(WORK TASK) Beginning at the line containing "Vous trouverez des ateliers...", give again every line through the end of the data, unchanged and with both ends included. Drop any pictures.

(SUPPLIED DATA)
----

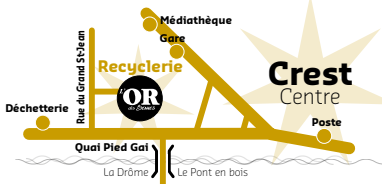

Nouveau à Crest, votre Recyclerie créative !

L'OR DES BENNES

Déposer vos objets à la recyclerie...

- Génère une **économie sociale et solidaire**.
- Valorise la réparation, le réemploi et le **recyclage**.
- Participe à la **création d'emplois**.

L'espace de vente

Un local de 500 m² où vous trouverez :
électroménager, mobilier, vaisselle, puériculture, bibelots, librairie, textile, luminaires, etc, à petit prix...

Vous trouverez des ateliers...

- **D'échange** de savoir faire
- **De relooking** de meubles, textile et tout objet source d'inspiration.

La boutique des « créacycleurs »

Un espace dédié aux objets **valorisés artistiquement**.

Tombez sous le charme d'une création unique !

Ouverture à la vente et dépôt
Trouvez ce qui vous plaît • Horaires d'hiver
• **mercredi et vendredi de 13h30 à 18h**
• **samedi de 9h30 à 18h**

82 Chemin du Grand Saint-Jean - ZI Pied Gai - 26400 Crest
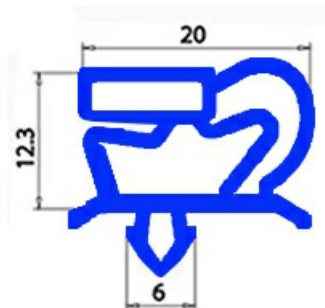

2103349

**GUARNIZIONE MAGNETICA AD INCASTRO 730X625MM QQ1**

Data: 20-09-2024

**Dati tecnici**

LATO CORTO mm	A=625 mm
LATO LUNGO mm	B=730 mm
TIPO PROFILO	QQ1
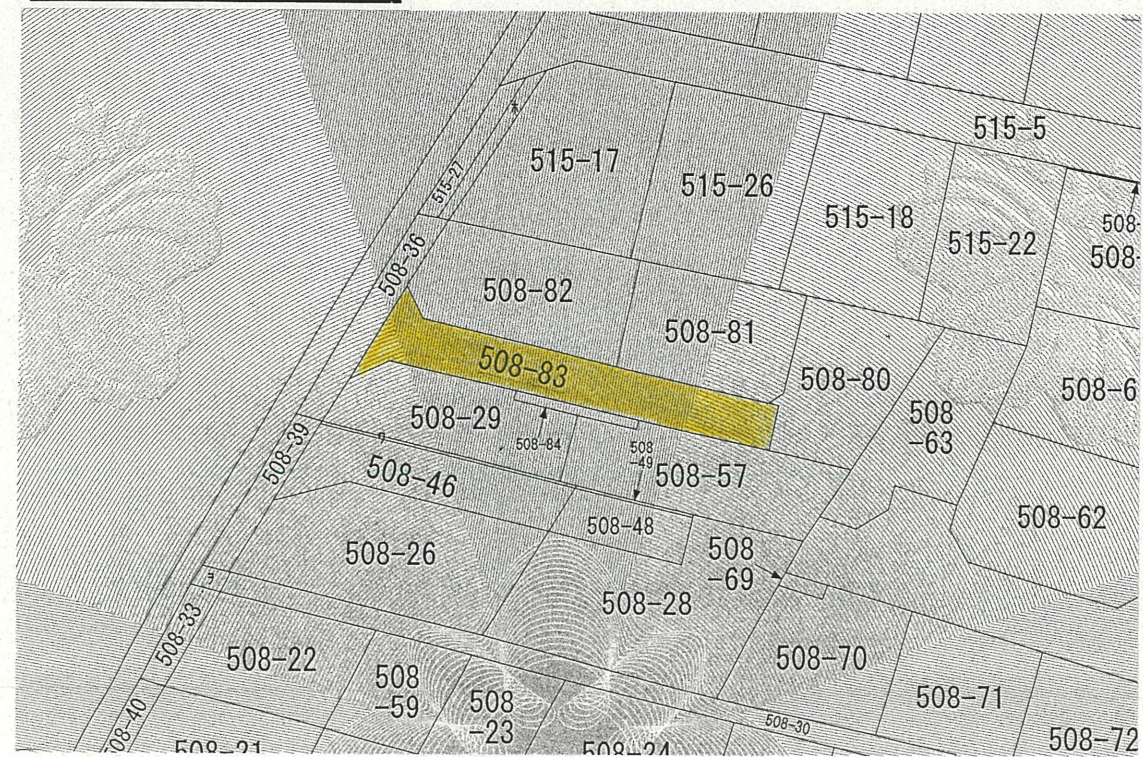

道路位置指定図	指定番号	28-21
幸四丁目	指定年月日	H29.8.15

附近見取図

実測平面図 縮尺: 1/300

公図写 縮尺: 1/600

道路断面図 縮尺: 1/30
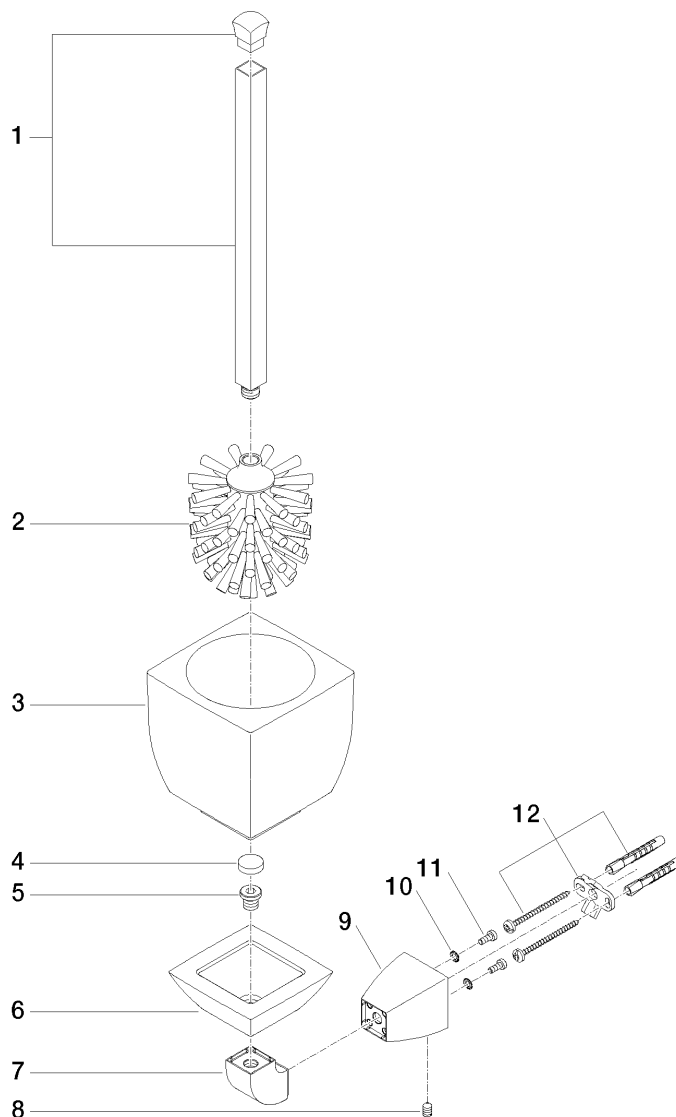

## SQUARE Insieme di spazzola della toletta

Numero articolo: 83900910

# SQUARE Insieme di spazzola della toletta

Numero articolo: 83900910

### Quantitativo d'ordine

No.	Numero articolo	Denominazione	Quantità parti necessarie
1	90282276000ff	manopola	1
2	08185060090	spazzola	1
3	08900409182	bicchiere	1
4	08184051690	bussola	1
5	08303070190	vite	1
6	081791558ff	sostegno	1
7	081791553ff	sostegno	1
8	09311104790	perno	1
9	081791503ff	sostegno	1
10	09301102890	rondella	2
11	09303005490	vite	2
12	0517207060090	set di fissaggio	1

----

(REPLY)
Vous trouverez des ateliers...

- **D'échange** de savoir faire
- **De relooking** de meubles, textile et tout objet source d'inspiration.

La boutique des « créacycleurs »

Un espace dédié aux objets **valorisés artistiquement**.

Tombez sous le charme d'une création unique !

Ouverture à la vente et dépôt
Trouvez ce qui vous plaît • Horaires d'hiver
• **mercredi et vendredi de 13h30 à 18h**
• **samedi de 9h30 à 18h**

82 Chemin du Grand Saint-Jean - ZI Pied Gai - 26400 Crest

2103349

**GUARNIZIONE MAGNETICA AD INCASTRO 730X625MM QQ1**

Data: 20-09-2024

**Dati tecnici**

LATO CORTO mm	A=625 mm
LATO LUNGO mm	B=730 mm
TIPO PROFILO	QQ1

道路位置指定図	指定番号	28-21
幸四丁目	指定年月日	H29.8.15

附近見取図

実測平面図 縮尺: 1/300

公図写 縮尺: 1/600

道路断面図 縮尺: 1/30

## SQUARE Insieme di spazzola della toletta

Numero articolo: 83900910

# SQUARE Insieme di spazzola della toletta

Numero articolo: 83900910

### Quantitativo d'ordine

No.	Numero articolo	Denominazione	Quantità parti necessarie
1	90282276000ff	manopola	1
2	08185060090	spazzola	1
3	08900409182	bicchiere	1
4	08184051690	bussola	1
5	08303070190	vite	1
6	081791558ff	sostegno	1
7	081791553ff	sostegno	1
8	09311104790	perno	1
9	081791503ff	sostegno	1
10	09301102890	rondella	2
11	09303005490	vite	2
12	0517207060090	set di fissaggio	1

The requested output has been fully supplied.